I found this, because Debian updated its rt kernel from 6.12.74 to 6.12.85.
The issue was also present with upstream 6.12.85 and HEAD, but not with 
6.12.74, so I started bisecting and eventually found d66792919d4f.

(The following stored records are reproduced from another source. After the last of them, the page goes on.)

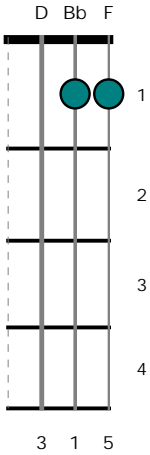

www.banjoseen.com: Irish Tenor Beginner

Chords : All maj Chords

Banjo (4-String), Irish Tenor Tuning

Table of Contents

Cmaj.....	5	Emaj.....	7	Abmaj.....	9
C#maj.....	5	Fmaj.....	7	Amaj.....	9
Dmaj.....	6	F#maj.....	8	Bbmaj.....	10
Ebmaj.....	6	Gmaj.....	8	Bmaj.....	10

F#maj

344x	3442	x446	6446	x899
A# F# C#	A# F# C# F#	F# C# A#	C# F# C# A#	A# F# C#
				
3 1 5	3 1 5 1	1 5 3	5 1 5 3	3 1 5

Gmaj

002x	x023	0023	4023	4053
G D B	D B G	G D B G	B D B G	B D D G
				
1 5 3	5 3 1	1 5 3 1	3 5 3 1	3 5 5 1

Abmaj

113x	566x	5664	x668	8668
Ab Eb C	C Ab Eb	C Ab Eb Ab	Ab Eb C	Eb Ab Eb C
				
1 5 3	3 1 5	3 1 5 1	1 5 3	5 1 5 3

Amaj

2240	6700	6770	6775	x779
A E C# E	C# A A E	C# A E E	C# A E A	A E C#
				
1 5 3 5	3 1 1 5	3 1 5 5	3 1 5 1	1 5 3

Bbmaj

x011

3011

335x

7886

x880

Bmaj

x122
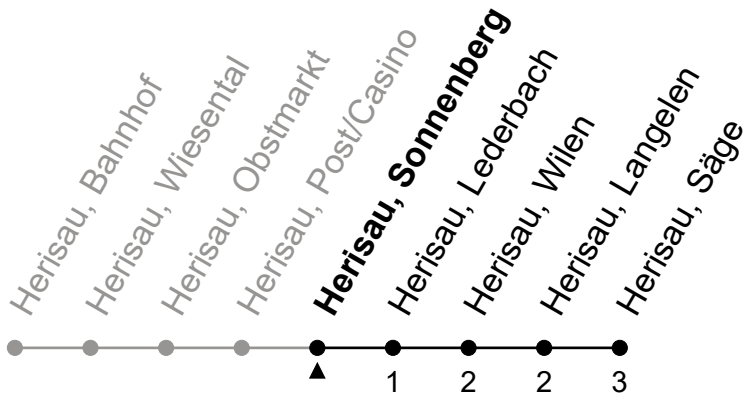

174

Herisau, Sonnenberg

Richtung Herisau, Säge

Gültig von 10.12.2023 bis 14.12.2024

ungefähre Reisezeit in Min

🕒	Montag - Freitag	Samstag	Sonntag und allg. Feiertage	🕒
5	28 43 58			5
6	13 28 43 58	43 58		6
7	13 28 43 58	13 28 43 58	49	7
8	13 28 43 58	13 28 43 58	49	8
9	13 28 43 58	13 28 43 58	49	9
10	13 28 43 58	13 28 43 58	49	10
11	13 28 43 58	13 28 43 58	49	11
12	13 28 43 58	13 28 43 58	49	12
13	13 28 43 58	13 28 43 58	49	13
14	13 28 43 58	13 28 43 58	49	14
15	13 28 43 58	13 28 43 58	49	15
16	13 28 43 58	13 28 43 58	49	16
17	13 28 43 58	13 28 43	49	17
18	13 28 43 58	03 23 43	49	18
19	13 28 43 58	03 23 43	49	19
20	13			20
21				21
22				22

Is it possible to revert the commit?

I can provide traces or help with testing if needed.

Thanks
Lukas Beckmann

#regzbot introduced: d66792919d4f


^ permalink raw reply	[flat|nested] 5+ messages in thread

* Re: [REGRESSION] 6.12.y: d66792919d4f (sched/deadline: Use revised wakeup rule for dl_server) causes latencies up to 50ms with PREEMPT_RT
  2026-05-10 20:57 [REGRESSION] 6.12.y: d66792919d4f (sched/deadline: Use revised wakeup rule for dl_server) causes latencies up to 50ms with PREEMPT_RT Lukas Beckmann
@ 2026-05-11  5:50 ` Mike Galbraith
  2026-05-11 14:21 ` Sasha Levin
  1 sibling, 0 replies; 5+ messages in thread
From: Mike Galbraith @ 2026-05-11  5:50 UTC (permalink / raw)
  To: Lukas Beckmann, Peter Zijlstra, Juri Lelli, Sasha Levin
  Cc: regressions, stable, linux-rt-users

On Sun, 2026-05-10 at 22:57 +0200, Lukas Beckmann wrote:
> Hi,

Greetings!

> I am reporting a regression which was introduced by d66792919d4f on 6.12.y.
> Since this commit, cyclictest reports latencies up to 50 milliseconds, 
> on kernels with CONFIG_PREEMPT_RT=y.
> 
> Steps to reproduce:
> 1. run a load (e.g. stress-ng --cpu 4 --io 2 --vm 2 --vm-bytes 128M)
> 2. run cyclictest (e.g. cyclictest -a -t -m -p 80 -i 250 -d 0)

...


> I found this, because Debian updated its rt kernel from 6.12.74 to 6.12.85.
> The issue was also present with upstream 6.12.85 and HEAD, but not with 
> 6.12.74, so I started bisecting and eventually found d66792919d4f.
> 
> Is it possible to revert the commit?
> 
> I can provide traces or help wth testing if needed.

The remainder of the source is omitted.